RiskGuard file size limitations

Chris Jensen · 2022-10-31T18:15:23+00:00

There was an error rendering this rich post.

Trying to figure out what are the file size limitations for the RiskGuard API.

I uploaded a 10MB file - and the upload appears to be successful - but I got the following in the response json:

Status(message=SKIPPED, description=Extracted text size exceeded maximum value of 1048576.)

Find more posts tagged with

Magellan Risk Guard

Comments

Robert Kapitan

Hi,

By default 1MB is what gets processed in that service. There are ways to reconfigure maximum size, but this is not something we made available.

Robert

Chris Jensen

Thank you Robert. Perhaps that is something that should be added to the API documentation.

The processing limitation for maximum extracted text. Plus a note about the difference between file size and extracted text size. For example it was able to successfully process a 4.7MB PDF - because much of that was images embedded in the document.

Robert Kapitan

Yes, it is 1MB of text, not 1MB as file size. Thanks.

David Henshaw

Hi robert,

Ironically, I was talking with some of the OT team at OpenText World a few weeks back about RiskGuard.

Are you able to clarify following?

1) My understanding of the OT2 service is that you pass a document and the service extracts the text content. am I correct from above that if the extracted text is 1 MB that the service will responds the maximum size is exceeded, rather than providing a response based on the first 1Mb extracted and supplemntary information that the size was exceeded?

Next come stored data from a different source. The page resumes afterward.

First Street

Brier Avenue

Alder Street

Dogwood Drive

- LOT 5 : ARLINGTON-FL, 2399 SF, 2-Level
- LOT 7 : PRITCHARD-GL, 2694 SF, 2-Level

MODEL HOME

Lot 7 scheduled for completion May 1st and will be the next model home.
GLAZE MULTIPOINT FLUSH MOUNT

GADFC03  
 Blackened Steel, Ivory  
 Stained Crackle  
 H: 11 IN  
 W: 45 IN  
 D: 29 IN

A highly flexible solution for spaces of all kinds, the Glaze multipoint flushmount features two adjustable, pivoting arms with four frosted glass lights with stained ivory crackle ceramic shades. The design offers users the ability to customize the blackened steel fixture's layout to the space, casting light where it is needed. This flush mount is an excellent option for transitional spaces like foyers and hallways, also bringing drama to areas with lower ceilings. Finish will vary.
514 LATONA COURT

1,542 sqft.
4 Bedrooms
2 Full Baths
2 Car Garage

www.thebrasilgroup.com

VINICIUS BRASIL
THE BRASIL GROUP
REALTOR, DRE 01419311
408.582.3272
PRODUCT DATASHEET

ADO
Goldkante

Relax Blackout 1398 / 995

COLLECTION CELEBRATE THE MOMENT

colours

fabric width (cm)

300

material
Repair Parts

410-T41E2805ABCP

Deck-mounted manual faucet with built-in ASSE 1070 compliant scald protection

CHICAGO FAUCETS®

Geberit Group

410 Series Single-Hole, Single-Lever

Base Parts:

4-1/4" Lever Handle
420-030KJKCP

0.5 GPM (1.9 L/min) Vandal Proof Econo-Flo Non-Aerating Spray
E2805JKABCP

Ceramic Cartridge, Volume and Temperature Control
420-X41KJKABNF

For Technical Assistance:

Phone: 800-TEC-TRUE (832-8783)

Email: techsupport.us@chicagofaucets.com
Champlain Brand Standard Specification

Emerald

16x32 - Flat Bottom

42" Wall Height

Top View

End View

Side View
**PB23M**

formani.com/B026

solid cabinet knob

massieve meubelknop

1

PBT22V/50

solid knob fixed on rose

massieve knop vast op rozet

2) Does the same limitation apply if on on-prem or private cloud deployment is used?

3) Is there a means to pass a document and other textual data for review - i.e. if I have some additional metadata about the document (e.g. categories from Content Server), can these be passed with the document and RiskGuard provide review of both? (or can you pass a JSON or XML data structure directly for assessment) ?

Regards,

David

Robert Kapitan

Hi David,

Please see my answers below:

1.My understanding of the OT2 service is that you pass a document and the service extracts the text content. am I correct from above that if the extracted text is 1 MB that the service will responds the maximum size is exceeded, rather than providing a response based on the first 1Mb extracted and supplemntary information that the size was exceeded?

RK: Correct, our Cloud service will respond with maximum size exceeded.

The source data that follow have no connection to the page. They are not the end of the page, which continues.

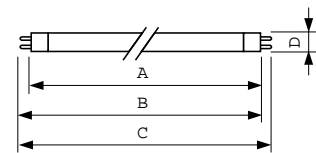

Numerator - Quantity Per Pack	1
Numerator - Packs per outer box	10
Material Nr. (12NC)	928001503313
Net Weight (Piece)	40.200 g
ILCOS Code	FD-13/41/2B-E-G5

Dimensional drawing

Product	D (max)	A (max)	B (max)	B (min)	C (max)
TL Mini 13W/33-640 1PP/10	16 mm	516.9 mm	524.0 mm	521.6 mm	531.1 mm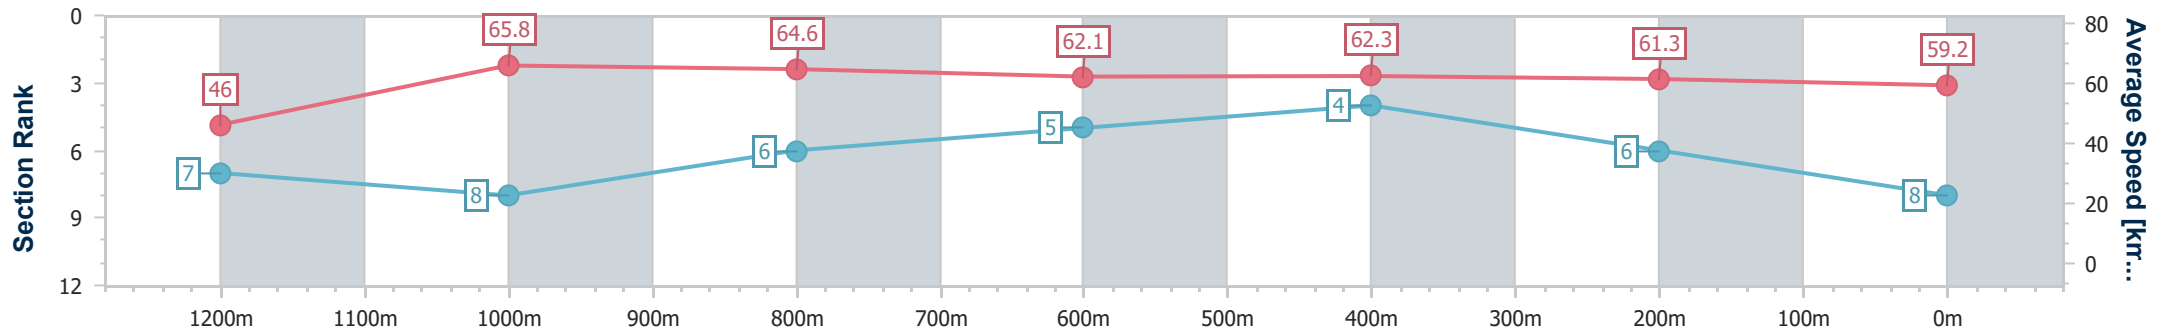

### Ipswich QLD Professional

Race 3: RED BULL AUSTRALIA Class 1 Plate - 1350m

04 December 2024 - 14:14

Track Rating: Soft 5, Weather: Fine, Rail Position: +6m Entire

Section	Overall	1200m	1000m	800m	600m	400m	200m
Section Times	1:21.10 [8] (0:11.74)	1:09.36 [7] (0:10.95)	0:58.41 [8] (0:11.20)	0:47.21 [6] (0:11.58)	0:35.63 [5] (0:11.65)	0:23.98 [4] (0:11.82)	0:12.16 [6]
Average Speed [km/h]	46.0	65.8	64.6	62.1	62.3	61.3	59.2
Top Speed [km/h]	62.3	67.6	65.0	63.1	62.9	62.3	60.8
Avg. Dist. to Rail [m]	7.3	2.1	0.5	0.6	1.0	2.9	5.8
Avg. Stride Freq. [Hz]	2.3	2.4	2.4	2.3	2.3	2.3	2.3
Avg. Stride Length [m]	5.6	7.6	7.6	7.5	7.5	7.4	7.1

2.Does the same limitation apply if on on-prem or private cloud deployment is used?

RK: There are configuration settings that can be adjusted for on-prem and private cloud deployments if there is a need to process larger files. The users can also change the configuration so that the engine will process a portion of the file only. Please keep in mind that processing of a very large file is not that efficient as the user might end up with a list of, let's say, 7000 entites, 20000 concepts and 65 classifications that are all relevant.

3.Is there a means to pass a document and other textual data for review - i.e. if I have some additional metadata about the document (e.g. categories from Content Server), can these be passed with the document and RiskGuard provide review of both? (or can you pass a JSON or XML data structure directly for assessment) ?

RK: The service processes files. If a given file includes a list of metadata this will be processed as any text.

Thanks,

Robert